-- Data supplied --
----

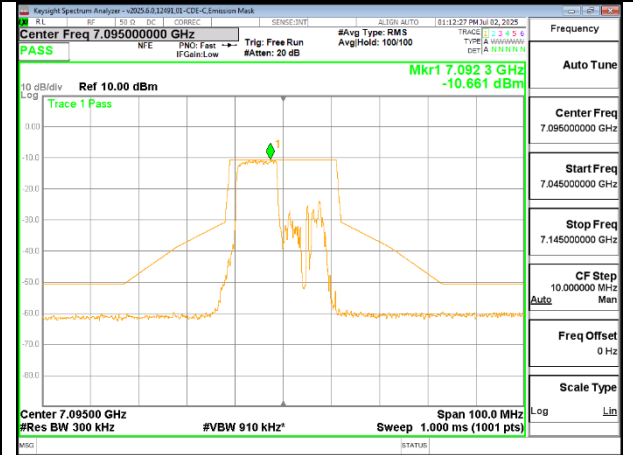

2TX Antenna 6 + Antenna 5 SDM MODE (FCC + IC) – 106-Tones, RU Index 53

LOW CHANNEL ANT 6 6895

LOW CHANNEL ANT 5 6895

MID CHANNEL ANT 6 6995

MID CHANNEL ANT 5 6995

HIGH CHANNEL ANT 6 7095

HIGH CHANNEL ANT 5 7095

----

Output every record above word for word, omitting any pictures they contain.

-- Answer section --
2TX Antenna 6 + Antenna 5 SDM MODE (FCC + IC) – 106-Tones, RU Index 53

LOW CHANNEL ANT 6 6895

LOW CHANNEL ANT 5 6895

MID CHANNEL ANT 6 6995

MID CHANNEL ANT 5 6995

HIGH CHANNEL ANT 6 7095

HIGH CHANNEL ANT 5 7095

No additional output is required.